Chris Wilson

Personal information
- Born: 30 December 1967 (age 58) Winnipeg, Manitoba, Canada

Sport
- Sport: Wrestling
- Events: Freestyle and Folkstyle

Medal record
Men's freestyle wrestling
Representing Canada
World Championships
| Silver medal – second place | 1991 Varna | 68 kg |
| Bronze medal – third place | 1993 Toronto | 68 kg |
World Cup
| Gold medal – first place | 1993 Chattanooga | 68 kg |
| Gold medal – first place | 1994 Edmonton | 68 kg |
Commonwealth Games
| Gold medal – first place | 1994 Victoria | 68 kg |
Espoir World Championships
| Gold medal – first place | 1987 Burnaby | 68 kg |
Collegiate Wrestling
Representing Simon Fraser
NAIA Championships
| Gold medal – first place | 1989 Jamestown | 150 lb |
| Bronze medal – third place | 1988 Tacoma | 158 lb |

= Chris Wilson (wrestler) =

Canadian wrestler (born 1967)

Chris Wilson (born 30 December 1967) is a Canadian former wrestler. One of Canada's top wrestlers for many years, Chris was a 6-time national champion. He won the World Espoir Wrestling Championship in 1987 at 68 kg. While attending Simon Fraser University he was an NAIA champion in 1989 and placed 3rd in 1988. While still at university, Christ created the Power Tour - a motivational platform for high calibre athletes to connect with school aged students.

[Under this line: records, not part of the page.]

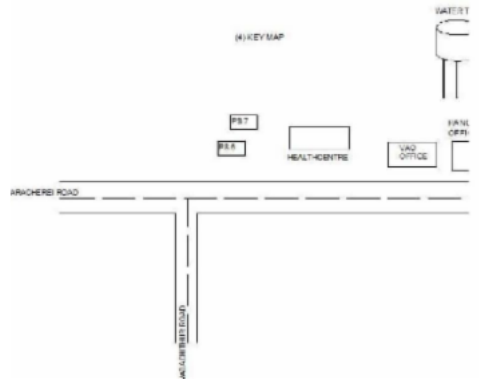

Google Map View

Polling Station Building Front View

Polling Station Front View

Cad View

Key MAP View

1 பெயர் : கலாமணி தந்தையின் பெயர்: முருகசாமி வீட்டு எண் : 0 வயது : 25 பாலினம் : பெண்	UYU1432939 Photo is available	2 பெயர் : மேஹர் நிஷா கணவர் பெயர்: ஸ்டீபன் ராஜ் - வீட்டு எண் : 1 வயது : 44 பாலினம் : பெண்	UYU0849570 Photo is available	3 பெயர் : பாலசுப்பிரமணியம் - தந்தையின் பெயர்: மாரிமுத்து - வீட்டு எண் : 1 வயது : 38 பாலினம் : ஆண்	UYU0501858 Photo is available
4 பெயர் : லோகநாதன் - தந்தையின் பெயர்: கந்தன் - வீட்டு எண் : 1 வயது : 29 பாலினம் : ஆண்	UYU0849562 Photo is available	5 பெயர் : கந்தன் - தந்தையின் பெயர்: ராமன் - வீட்டு எண் : 1-1 வயது : 60 பாலினம் : ஆண்	KMS0962746 Photo is available	6 பெயர் : சித்ரா - கணவர் பெயர்: கந்தன் - வீட்டு எண் : 1-1 வயது : 48 பாலினம் : பெண்	KMS1984673 Photo is available
7 பெயர் : தனலட்சுமி - கணவர் பெயர்: நாகராஜன் - வீட்டு எண் : 1-4 வயது : 46 பாலினம் : பெண்	UYU1520774 Photo is available	8 பெயர் : சகுந்தலா தேவி - தந்தையின் பெயர்: நாகராஜ் - வீட்டு எண் : 1-4 வயது : 30 பாலினம் : பெண்	UYU0678292 Photo is available	9 பெயர் : தெய்வானை - கணவர் பெயர்: மாரன் - வீட்டு எண் : 1-6 வயது : 60 பாலினம் : பெண்	UYU1520808 Photo is available
10 பெயர் : தாமோதரன் - தந்தையின் பெயர்: மாரன் - வீட்டு எண் : 1-6 வயது : 30 பாலினம் : ஆண்	UYU0678300 Photo is available	11 பெயர் : அன்னக்கொடி - தந்தையின் பெயர்: ராமன் - வீட்டு எண் : 1-8 வயது : 63 பாலினம் : பெண்	KMS1984251 Photo is available	12 பெயர் : சின்னச்சாமி - தந்தையின் பெயர்: ராமன் - வீட்டு எண் : 1-8 வயது : 57 பாலினம் : ஆண்	UYU1520832 Photo is available
13 பெயர் : முருகன் - தந்தையின் பெயர்: ஆரான் - வீட்டு எண் : 1-8 வயது : 42 பாலினம் : ஆண்	KMS1986462 Photo is available	14 பெயர் : லிக்னேஷ் சின்னச்சாமி தந்தையின் பெயர்: சின்னச்சாமி - வீட்டு எண் : 1/8 வயது : 27 பாலினம் : ஆண்	UYU1378892 Photo is available	15 பெயர் : ரங்காள் - கணவர் பெயர்: முருகன் - வீட்டு எண் : 1-10 வயது : 59 பாலினம் : பெண்	UYU1520840 Photo is available
16 பெயர் : சீத்ரா கணவர் பெயர்: முருகன் வீட்டு எண் : 1-10 வயது : 36 பாலினம் : பெண்	UYU1455328 Photo is available	17 பெயர் : பழனி - தந்தையின் பெயர்: குமரன் - வீட்டு எண் : 1-12 வயது : 97 பாலினம் : ஆண்	KMS1984970 Photo is available	18 பெயர் : அருக்கானி - கணவர் பெயர்: மாரிமுத்து - வீட்டு எண் : 1-15 வயது : 70 பாலினம் : பெண்	UYU1520865 Photo is available
19 பெயர் : செல்வன் - தந்தையின் பெயர்: மாரிமுத்து - வீட்டு எண் : 1-15 வயது : 45 பாலினம் : ஆண்	KMS1985894 Photo is available	20 பெயர் : பரிமளா - கணவர் பெயர்: செல்வன் - வீட்டு எண் : 1-15 வயது : 43 பாலினம் : பெண்	UYU0263723 Photo is available	21 பெயர் : மாரிமுத்து - தந்தையின் பெயர்: குமரன் - வீட்டு எண் : 1-17 வயது : 51 பாலினம் : ஆண்	KMS1983931 Photo is available
22 பெயர் : ஜானகி - கணவர் பெயர்: சின்னசாமி - வீட்டு எண் : 1-18 வயது : 48 பாலினம் : பெண்	KMS1984699 Photo is available	23 பெயர் : முருகன் - தந்தையின் பெயர்: வேலன் - வீட்டு எண் : 1-19 வயது : 61 பாலினம் : ஆண்	UYU1520907 Photo is available	24 பெயர் : மாராள் - கணவர் பெயர்: முருகன் - வீட்டு எண் : 1-19 வயது : 56 பாலினம் : பெண்	UYU1520915 Photo is available
25 பெயர் : நாகராஜ் - தந்தையின் பெயர்: முருகன் - வீட்டு எண் : 1-19 வயது : 30 பாலினம் : ஆண்	UYU0678334 Photo is available	26 பெயர் : ஐஸ்வர்யா கணவர் பெயர்: ராமசாமி வீட்டு எண் : 1/19 வயது : 24 பாலினம் : பெண்	UYU2304947 Photo is available	27 பெயர் : மீனாட்சி - கணவர் பெயர்: மாரன் - வீட்டு எண் : 1-20 வயது : 80 பாலினம் : பெண்	UYU1520923 Photo is available
28 பெயர் : கீர்த்திகா கணவர் பெயர்: குமார் வீட்டு எண் : 1/21 வயது : 29 பாலினம் : பெண்	UYU2256311 Photo is available	29 பெயர் : ரங்கநாதன் தந்தையின் பெயர்: மருதாசலம் வீட்டு எண் : 1-22 வயது : 26 பாலினம் : ஆண்	UYU1489269 Photo is available	30 பெயர் : மனோஜ் தந்தையின் பெயர்: சுப்பிரமணியம் வீட்டு எண் : 1-25 வயது : 23 பாலினம் : ஆண்	UYU2198075 Photo is available

At the Senior World Championships, Chris placed 2nd in 1991 and 3rd in 1993.He competed in the men's freestyle 68 kg at the 1992 Summer Olympics placing 8th.

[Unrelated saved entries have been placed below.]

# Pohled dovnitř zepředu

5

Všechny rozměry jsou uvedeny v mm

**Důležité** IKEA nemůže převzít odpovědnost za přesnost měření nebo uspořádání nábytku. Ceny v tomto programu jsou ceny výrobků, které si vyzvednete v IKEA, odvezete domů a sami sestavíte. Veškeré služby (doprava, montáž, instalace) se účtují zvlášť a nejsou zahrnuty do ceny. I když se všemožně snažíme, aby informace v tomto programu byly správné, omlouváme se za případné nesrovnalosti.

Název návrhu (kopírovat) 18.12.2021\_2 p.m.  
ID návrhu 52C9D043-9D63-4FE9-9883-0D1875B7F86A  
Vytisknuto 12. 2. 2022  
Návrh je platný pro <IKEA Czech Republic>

In 1994, Chris won a gold medal at the Commonwealth Games.

Chris was inducted into the following Hall of Fames: Simon Fraser University (1994), BC Sports Hall of Fame (1998), NAIA (2000) and Canada Wrestling (2001).

Chris was a city counsellor for the City of Coquitlam for 9 years.

Named the first winner of the Danny Gallivan Fair Play Award in 1992 for demonstrating fair play and the value of sport, Chris was also presented the Johnny F. Bassett Award in 1995 as the Canadian athlete best combining athletic success with strong community values.